[[ INFORMATION SHOWN open ]]

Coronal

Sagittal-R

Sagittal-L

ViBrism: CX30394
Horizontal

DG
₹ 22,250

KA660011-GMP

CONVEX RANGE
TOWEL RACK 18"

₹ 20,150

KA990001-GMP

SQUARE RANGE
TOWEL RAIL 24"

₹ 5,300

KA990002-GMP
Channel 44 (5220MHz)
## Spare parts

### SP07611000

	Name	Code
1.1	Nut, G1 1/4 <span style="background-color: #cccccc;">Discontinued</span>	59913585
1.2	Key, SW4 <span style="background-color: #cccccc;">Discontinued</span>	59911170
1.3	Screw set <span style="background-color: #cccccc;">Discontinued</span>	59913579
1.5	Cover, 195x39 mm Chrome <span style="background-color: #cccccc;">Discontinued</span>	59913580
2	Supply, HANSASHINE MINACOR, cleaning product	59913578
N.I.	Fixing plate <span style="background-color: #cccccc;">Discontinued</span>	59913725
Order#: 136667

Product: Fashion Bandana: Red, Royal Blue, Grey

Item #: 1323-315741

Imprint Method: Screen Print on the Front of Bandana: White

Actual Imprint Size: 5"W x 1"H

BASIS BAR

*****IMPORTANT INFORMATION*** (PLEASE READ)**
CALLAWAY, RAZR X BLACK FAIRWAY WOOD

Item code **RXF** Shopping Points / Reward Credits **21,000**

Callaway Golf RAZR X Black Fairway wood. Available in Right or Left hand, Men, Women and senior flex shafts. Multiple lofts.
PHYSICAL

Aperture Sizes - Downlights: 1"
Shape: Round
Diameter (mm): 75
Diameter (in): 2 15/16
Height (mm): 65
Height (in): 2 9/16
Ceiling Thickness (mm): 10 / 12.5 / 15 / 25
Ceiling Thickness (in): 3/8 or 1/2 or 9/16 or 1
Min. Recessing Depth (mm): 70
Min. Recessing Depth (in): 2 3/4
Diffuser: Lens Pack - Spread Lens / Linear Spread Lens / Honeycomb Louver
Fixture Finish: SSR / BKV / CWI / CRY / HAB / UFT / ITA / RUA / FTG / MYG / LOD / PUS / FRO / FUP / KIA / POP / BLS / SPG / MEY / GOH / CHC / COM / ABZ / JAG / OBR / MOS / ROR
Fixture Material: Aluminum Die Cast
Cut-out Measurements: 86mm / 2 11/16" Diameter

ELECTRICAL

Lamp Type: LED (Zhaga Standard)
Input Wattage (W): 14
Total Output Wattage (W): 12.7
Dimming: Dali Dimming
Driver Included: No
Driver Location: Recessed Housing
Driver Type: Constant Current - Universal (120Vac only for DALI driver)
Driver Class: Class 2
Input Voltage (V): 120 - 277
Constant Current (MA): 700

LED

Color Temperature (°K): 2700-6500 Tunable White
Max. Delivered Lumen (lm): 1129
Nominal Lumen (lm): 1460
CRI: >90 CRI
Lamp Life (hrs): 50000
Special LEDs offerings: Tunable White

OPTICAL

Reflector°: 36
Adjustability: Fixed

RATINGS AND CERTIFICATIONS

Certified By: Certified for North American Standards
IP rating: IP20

[[ INFORMATION SHOWN closed ]]

:: ASSIGNMENT ::
Every line of the listing that includes the word "Depth" forms the answer.

:: RESPONSE ::
Min. Recessing Depth (mm): 70
Min. Recessing Depth (in): 2 3/4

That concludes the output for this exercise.